_Exercise aim_: Whenever the word "Security" appears on a line of the material below, that line is counted; state the total alone.
*** Opening Dataset ***
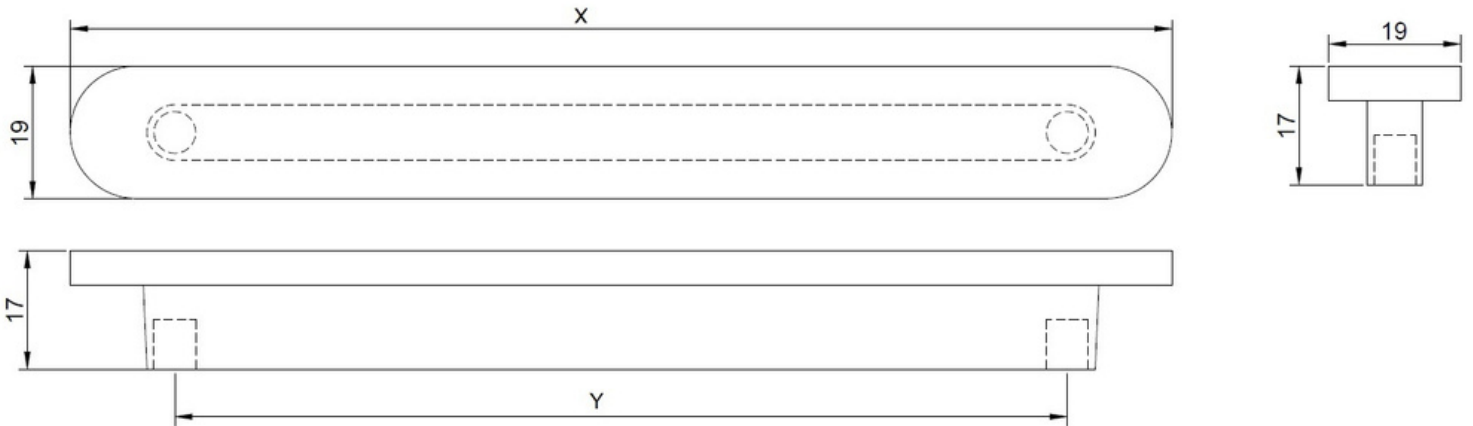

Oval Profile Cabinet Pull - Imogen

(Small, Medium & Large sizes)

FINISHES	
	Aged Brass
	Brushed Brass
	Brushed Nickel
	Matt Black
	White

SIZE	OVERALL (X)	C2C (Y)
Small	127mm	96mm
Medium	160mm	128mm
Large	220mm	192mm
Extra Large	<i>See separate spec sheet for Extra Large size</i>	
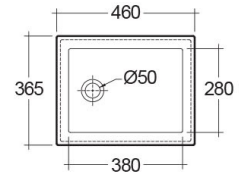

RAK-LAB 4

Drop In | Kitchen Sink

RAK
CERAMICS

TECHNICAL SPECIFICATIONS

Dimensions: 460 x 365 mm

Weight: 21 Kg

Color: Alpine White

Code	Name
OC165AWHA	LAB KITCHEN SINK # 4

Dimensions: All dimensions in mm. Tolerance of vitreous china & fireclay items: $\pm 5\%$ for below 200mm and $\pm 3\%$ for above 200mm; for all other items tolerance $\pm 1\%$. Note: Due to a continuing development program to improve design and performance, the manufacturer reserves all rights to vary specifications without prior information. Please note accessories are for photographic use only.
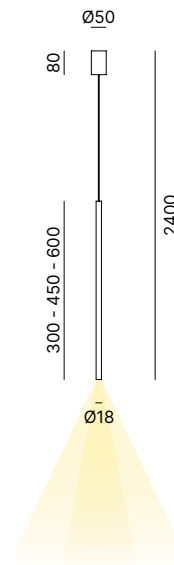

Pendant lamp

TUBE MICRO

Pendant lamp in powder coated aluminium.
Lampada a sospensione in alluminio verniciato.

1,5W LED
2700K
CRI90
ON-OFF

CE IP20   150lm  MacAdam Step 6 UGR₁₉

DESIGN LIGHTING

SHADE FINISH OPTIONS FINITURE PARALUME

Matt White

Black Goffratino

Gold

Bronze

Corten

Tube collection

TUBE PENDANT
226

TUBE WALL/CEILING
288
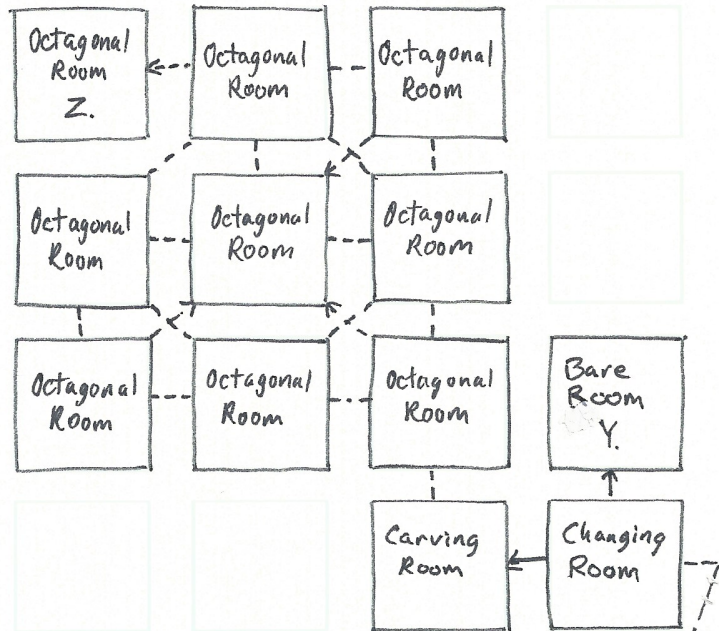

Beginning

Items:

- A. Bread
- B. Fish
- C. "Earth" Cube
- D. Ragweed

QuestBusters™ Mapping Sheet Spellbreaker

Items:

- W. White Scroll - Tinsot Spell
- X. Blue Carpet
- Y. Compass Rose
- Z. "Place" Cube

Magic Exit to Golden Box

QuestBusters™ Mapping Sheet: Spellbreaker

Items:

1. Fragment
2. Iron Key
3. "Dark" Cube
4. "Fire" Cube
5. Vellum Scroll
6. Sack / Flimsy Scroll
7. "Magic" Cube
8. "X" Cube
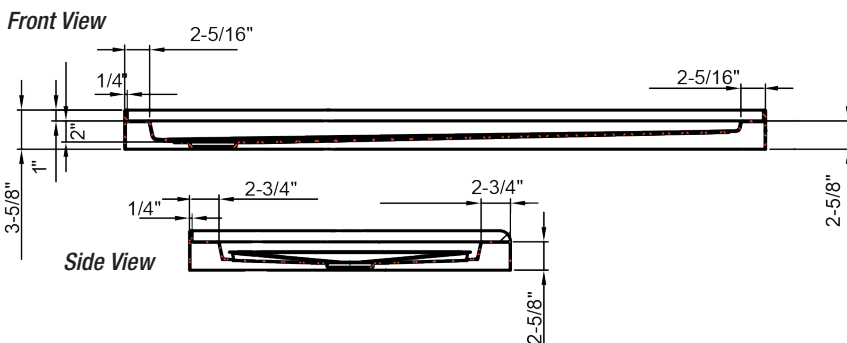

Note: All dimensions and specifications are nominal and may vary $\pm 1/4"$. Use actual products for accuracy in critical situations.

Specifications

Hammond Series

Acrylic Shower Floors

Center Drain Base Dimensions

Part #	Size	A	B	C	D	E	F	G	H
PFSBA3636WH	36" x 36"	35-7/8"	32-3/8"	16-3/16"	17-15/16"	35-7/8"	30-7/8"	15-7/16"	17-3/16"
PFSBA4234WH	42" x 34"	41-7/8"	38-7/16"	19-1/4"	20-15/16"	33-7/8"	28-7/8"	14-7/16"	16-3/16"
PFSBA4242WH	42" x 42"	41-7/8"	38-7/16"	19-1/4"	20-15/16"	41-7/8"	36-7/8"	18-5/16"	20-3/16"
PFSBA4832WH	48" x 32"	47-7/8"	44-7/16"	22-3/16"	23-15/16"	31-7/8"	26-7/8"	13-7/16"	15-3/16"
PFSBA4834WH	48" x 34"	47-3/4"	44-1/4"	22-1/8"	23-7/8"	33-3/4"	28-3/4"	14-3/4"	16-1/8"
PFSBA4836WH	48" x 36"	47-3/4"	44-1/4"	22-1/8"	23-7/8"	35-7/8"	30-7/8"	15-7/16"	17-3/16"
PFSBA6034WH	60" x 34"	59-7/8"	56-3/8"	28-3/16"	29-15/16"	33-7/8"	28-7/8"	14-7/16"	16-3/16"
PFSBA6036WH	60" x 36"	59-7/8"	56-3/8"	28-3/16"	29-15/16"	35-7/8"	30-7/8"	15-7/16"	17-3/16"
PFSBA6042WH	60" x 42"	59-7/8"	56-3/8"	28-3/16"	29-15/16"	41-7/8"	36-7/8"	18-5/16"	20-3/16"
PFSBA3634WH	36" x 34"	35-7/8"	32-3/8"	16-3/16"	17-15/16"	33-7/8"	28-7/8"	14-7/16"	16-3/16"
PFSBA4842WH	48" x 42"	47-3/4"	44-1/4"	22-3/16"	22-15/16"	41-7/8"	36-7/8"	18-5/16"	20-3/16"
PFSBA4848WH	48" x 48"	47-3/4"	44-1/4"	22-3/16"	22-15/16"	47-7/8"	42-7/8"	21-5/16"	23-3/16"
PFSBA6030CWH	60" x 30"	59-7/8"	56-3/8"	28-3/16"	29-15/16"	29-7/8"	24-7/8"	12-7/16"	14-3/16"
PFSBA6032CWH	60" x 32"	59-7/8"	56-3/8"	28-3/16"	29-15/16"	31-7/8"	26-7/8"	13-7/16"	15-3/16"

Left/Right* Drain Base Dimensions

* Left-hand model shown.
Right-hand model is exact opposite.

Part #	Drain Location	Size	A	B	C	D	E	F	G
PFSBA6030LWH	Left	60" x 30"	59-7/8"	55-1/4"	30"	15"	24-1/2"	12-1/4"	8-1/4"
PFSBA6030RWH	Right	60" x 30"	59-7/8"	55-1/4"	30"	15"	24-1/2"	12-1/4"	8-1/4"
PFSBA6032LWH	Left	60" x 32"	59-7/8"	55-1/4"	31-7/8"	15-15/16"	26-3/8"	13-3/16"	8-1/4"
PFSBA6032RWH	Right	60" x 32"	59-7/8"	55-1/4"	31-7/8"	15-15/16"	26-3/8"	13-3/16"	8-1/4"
*** Closing Dataset ***
*** Opening Dataset ***
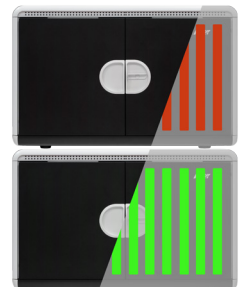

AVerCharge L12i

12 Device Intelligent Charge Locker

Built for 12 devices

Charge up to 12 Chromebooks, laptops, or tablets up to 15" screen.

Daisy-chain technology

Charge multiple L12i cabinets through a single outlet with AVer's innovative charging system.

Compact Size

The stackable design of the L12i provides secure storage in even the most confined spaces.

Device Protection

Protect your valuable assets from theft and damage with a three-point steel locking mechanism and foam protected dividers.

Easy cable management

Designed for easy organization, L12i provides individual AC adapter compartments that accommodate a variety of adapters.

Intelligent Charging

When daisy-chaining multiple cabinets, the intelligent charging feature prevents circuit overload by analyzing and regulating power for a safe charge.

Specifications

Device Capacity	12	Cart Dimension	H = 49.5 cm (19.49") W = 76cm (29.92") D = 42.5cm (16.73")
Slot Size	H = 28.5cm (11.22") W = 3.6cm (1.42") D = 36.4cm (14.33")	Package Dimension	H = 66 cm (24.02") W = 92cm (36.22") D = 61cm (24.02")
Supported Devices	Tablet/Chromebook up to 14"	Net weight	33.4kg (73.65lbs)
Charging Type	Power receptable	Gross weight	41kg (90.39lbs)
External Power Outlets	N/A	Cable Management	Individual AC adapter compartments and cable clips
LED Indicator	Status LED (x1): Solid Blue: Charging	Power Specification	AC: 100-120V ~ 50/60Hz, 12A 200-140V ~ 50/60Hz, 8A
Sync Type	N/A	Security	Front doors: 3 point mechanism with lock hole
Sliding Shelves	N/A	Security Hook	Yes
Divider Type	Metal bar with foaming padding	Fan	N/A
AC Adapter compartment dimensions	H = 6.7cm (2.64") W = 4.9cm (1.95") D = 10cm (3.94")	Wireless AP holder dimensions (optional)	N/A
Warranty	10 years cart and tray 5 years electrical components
*** Closing Dataset ***
_Solution for this problem_: 2